I just have to wonder what the UN, an Australian mine operator, other severe service operator would do if stuck with a failure like this. It doesn't feel very Land Cruiser like. We should be able to fix these rigs with bailing twine and barbed wire!!
 
Last edited:
Do you think the modulation of the fuel pump speed is governed by the pump ecu? Based possibly on an air/fuel mix value from the engine ecu. That was a question, I am just looking for a culprit that could do what you witness.
 
I just have to wonder what the UN, an Australian mine operator, other severe service operator would do if stuck with a failure like this. It doesn't feel very Land Cruiser like. We should be able to fix these rigs with bailing twine and barbed wire!!

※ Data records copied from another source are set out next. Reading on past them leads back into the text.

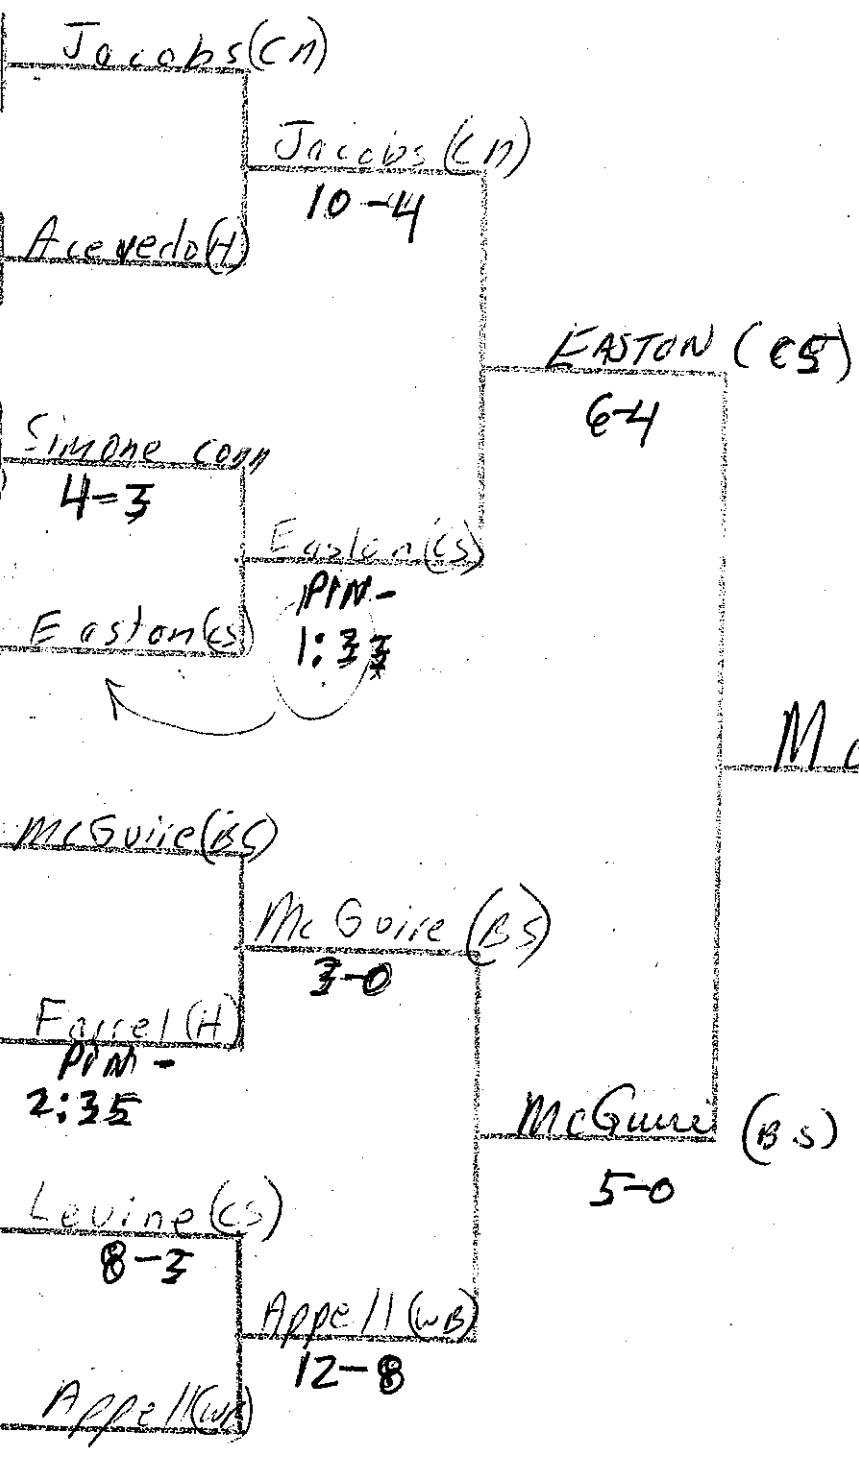

198

- 1 John Jacobs (CN)
- 2 Bye
- 3 Bye
- 4 Doug Acevedo (H)
- 5 Tom Ward (WB)
- 6 John Simone (Conn)
- 7 Bye
- 8 John Easton (CS)
- 9 Mike McGuire (BS)
- 10 Bye
- 11 Bill Hall (CN)
- 12 Lee Farrel (H)
- 13 Cary Moxham (BI)
- 14 Josh Levine (CS)
- 15 Bye
- 16 Tony Appell (WB)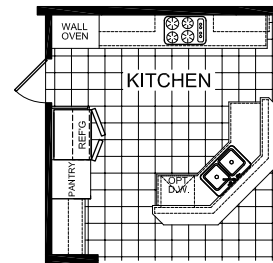

# West Point

Lifestyle Series

Multi-Section  
3 Bedroom, 2 Bath  
Approx. 1,798 Sq. Ft.

Last Updated: 2-22-17

For Detailed Directions See Map On Our Website

OPT  
BASEMENT  
ENTRY

3200 Enterprise Ave.  
York, NE 68467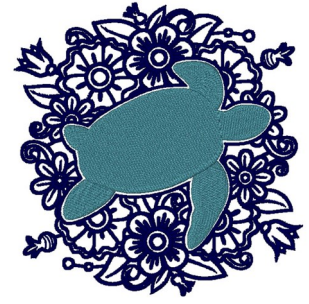

Name: Floral Turtle Mandala

SKU: WC01-WC1151

Brand: Willow Creations

Unique Colors: 13 (4 color Stops)

Unique Colors

	Color Name (Color Code)	Manufacturer - Type
	Super White (1001) [No Color Selected]	madeira - rayon
	Dusty Lilac (1263) [No Color Selected]	madeira - rayon
	Crocus (286)	Exquisite - Polyester 1000m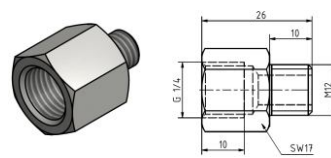

Thread adapter G1/4 - G3/8
Order number: 10100306
Sketch number: AZ300036

Thread adapter G1/4 - G1/2
Order number: 10100307
Sketch number: AZ300037

Thread adapter G1/4 - G3/4
Order number: 10100308
Sketch number: AZ300038

Thread adapter G1/4 - M8
Order number: 10100270
Sketch number: AZ300039

Thread adapter G1/4 - M8x1
Order number: 10100271
Sketch number: AZ300040

Thread adapter G1/4 - M10
Order number: 10100272
Sketch number: AZ300041

Thread adapter G1/4 - M10x1
Order number: 10100275
Sketch number: AZ300042

Thread adapter G1/4 - M12
Order number: 10100276
Sketch number: AZ300043

Thread adapter G1/4 - M12x1
Order number: 10100277
Sketch number: AZ300044

Yeah, what you're seeing is definitely one of the most obscure issues I've heard of with these trucks. I hear you with the "while I'm in there" argument for replacing the fuel pump but from a debugging perspective you're introducing new variables into the equation. Not saying I wouldn't consider the same thing, just that my personal preference while debugging is to eliminate variables, not increase them. Since you tested the pump and verified it's working I'd leave it alone from there. Instead, before you close up shop, go back and replace the fuel pump once you sort out and address the root cause. That takes advantage of the knowledge and experience while minimizing rework. Probably not a huge deal, though, either way. I guess I've just been burnt by buying new parts that turn out to be defective too many times.

It sounds like at this point you're down to the ECM, the fuel pump ECU, and the harnesses related to those?